* HOW TO COMPLETE THIS TASK *
An exact transcription of all the data is required; the pictures are to be left out.

* DATA FOR PROCESSING *

○ ○ ○ ○

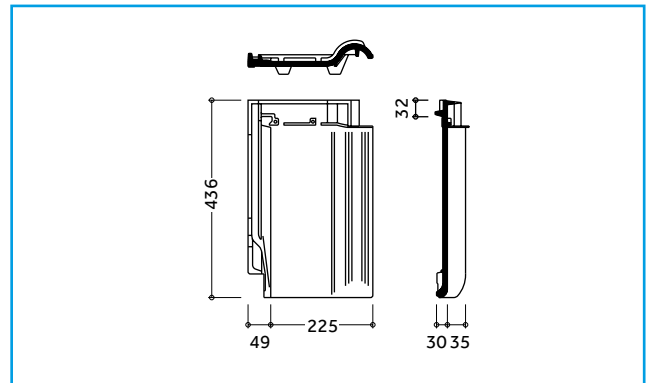

RUBIN 13V – UNSER MEISTERSTÜCK

Der Rubin 13V kombiniert Tradition und Schönheit mit der modernen Technik eines Verschiebeziegels. Das grosse Kopfverschiebespiel ermöglicht eine deutlich leichtere und schnellere Dacheinteilung.

EIN KOMPLETTES DACHSYSTEM

- Grosse Auswahl an Formziegeln und Systemkomponenten.
- Jeweils in Funktion, Form, Farbe und Material aufeinander abgestimmt.

TECHNISCHE DATEN

Variable Decklänge: 330 – 360 mm
Mittlere Deckbreite: 225 mm
Bedarf pro m²: 12,3 – 13,5 St.
Gewicht pro Stück: ca. 3,2 kg
Regeldachneigung: 16° *

* Zusatzmassnahmen gemäss spezifischer Angaben, siehe Verlegeanleitung Dachziegel.

30 JAHRE
BRAAS
MATERIAL-
GARANTIE

10 JAHRE
ZUSATZ-
GARANTIE AUF
FROST-
BESTÄNDIGKEIT
auf alle Braas Dachziegel

ABMESSUNGEN

○ ○ ○ ○

* EXERCISE RESPONSE *
RUBIN 13V – UNSER MEISTERSTÜCK

Der Rubin 13V kombiniert Tradition und Schönheit mit der modernen Technik eines Verschiebeziegels. Das grosse Kopfverschiebespiel ermöglicht eine deutlich leichtere und schnellere Dacheinteilung.

EIN KOMPLETTES DACHSYSTEM

- Grosse Auswahl an Formziegeln und Systemkomponenten.
- Jeweils in Funktion, Form, Farbe und Material aufeinander abgestimmt.

TECHNISCHE DATEN

Variable Decklänge: 330 – 360 mm
Mittlere Deckbreite: 225 mm
Bedarf pro m²: 12,3 – 13,5 St.
Gewicht pro Stück: ca. 3,2 kg
Regeldachneigung: 16° *

* Zusatzmassnahmen gemäss spezifischer Angaben, siehe Verlegeanleitung Dachziegel.

30 JAHRE
BRAAS
MATERIAL-
GARANTIE

10 JAHRE
ZUSATZ-
GARANTIE AUF
FROST-
BESTÄNDIGKEIT
auf alle Braas Dachziegel

ABMESSUNGEN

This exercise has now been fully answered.